__EXTRACTED INFORMATION__:

+ + +

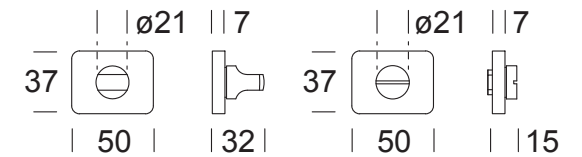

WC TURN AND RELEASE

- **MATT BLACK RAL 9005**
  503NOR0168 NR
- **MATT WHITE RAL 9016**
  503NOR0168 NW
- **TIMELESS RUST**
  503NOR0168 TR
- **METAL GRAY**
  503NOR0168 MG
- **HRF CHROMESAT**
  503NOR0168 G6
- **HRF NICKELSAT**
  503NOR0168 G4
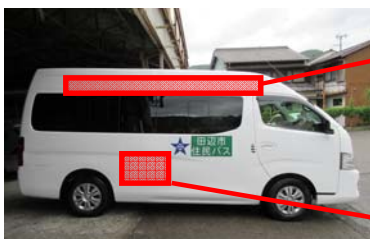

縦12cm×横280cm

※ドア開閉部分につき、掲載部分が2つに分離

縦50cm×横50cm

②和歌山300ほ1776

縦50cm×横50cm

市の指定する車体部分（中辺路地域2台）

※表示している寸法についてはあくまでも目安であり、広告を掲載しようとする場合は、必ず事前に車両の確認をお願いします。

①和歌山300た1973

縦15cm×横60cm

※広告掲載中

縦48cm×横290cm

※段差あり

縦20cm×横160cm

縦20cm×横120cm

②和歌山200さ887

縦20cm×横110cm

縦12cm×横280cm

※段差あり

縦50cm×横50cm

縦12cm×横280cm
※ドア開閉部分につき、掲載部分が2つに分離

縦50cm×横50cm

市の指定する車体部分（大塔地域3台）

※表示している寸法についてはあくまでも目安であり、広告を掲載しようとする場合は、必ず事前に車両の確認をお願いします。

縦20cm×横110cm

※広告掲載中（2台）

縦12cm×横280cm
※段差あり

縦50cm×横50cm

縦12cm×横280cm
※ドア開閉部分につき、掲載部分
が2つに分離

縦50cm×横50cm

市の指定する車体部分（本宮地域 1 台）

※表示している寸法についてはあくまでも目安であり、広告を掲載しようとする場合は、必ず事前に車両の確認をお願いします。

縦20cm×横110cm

+ + +

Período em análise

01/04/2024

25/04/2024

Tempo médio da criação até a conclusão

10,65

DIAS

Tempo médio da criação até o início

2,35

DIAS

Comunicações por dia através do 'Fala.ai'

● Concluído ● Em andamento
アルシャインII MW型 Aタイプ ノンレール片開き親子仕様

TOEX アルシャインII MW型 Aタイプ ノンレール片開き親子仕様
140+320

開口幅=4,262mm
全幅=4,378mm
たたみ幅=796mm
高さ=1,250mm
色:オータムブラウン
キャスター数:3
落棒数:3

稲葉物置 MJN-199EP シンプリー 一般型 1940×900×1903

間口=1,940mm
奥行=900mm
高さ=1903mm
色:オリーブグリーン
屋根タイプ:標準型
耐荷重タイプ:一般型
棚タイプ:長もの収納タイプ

+ + +

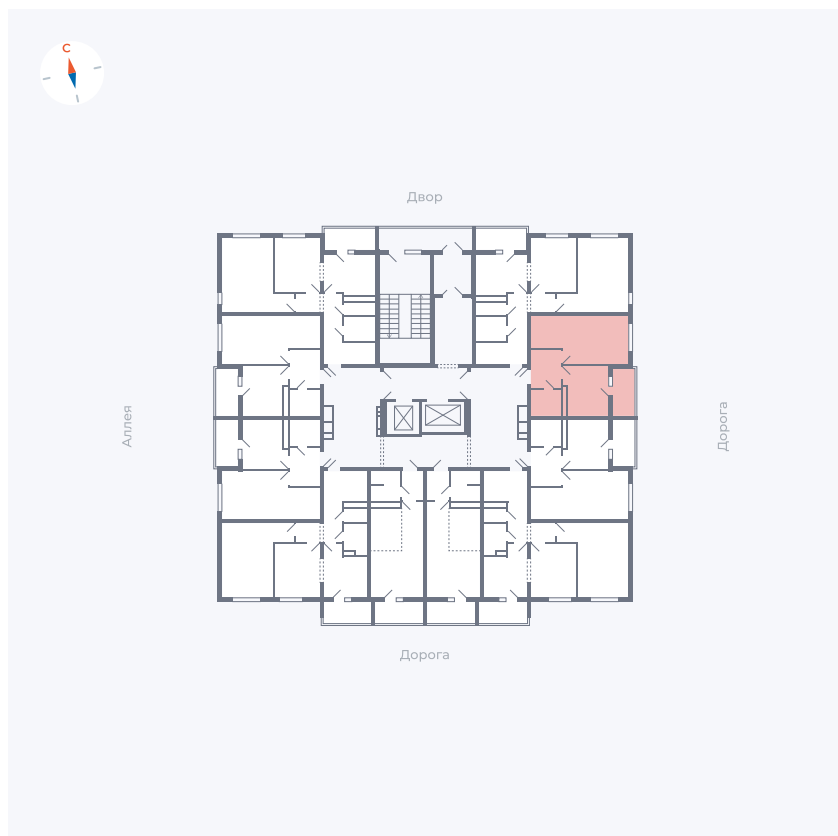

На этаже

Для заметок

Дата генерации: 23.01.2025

+ + +

__TASK DETAILS__:
Count the lines above in which the word "Aタイプ" appears, then state only that count.

__OUTPUT OF THE EXERCISE__:
2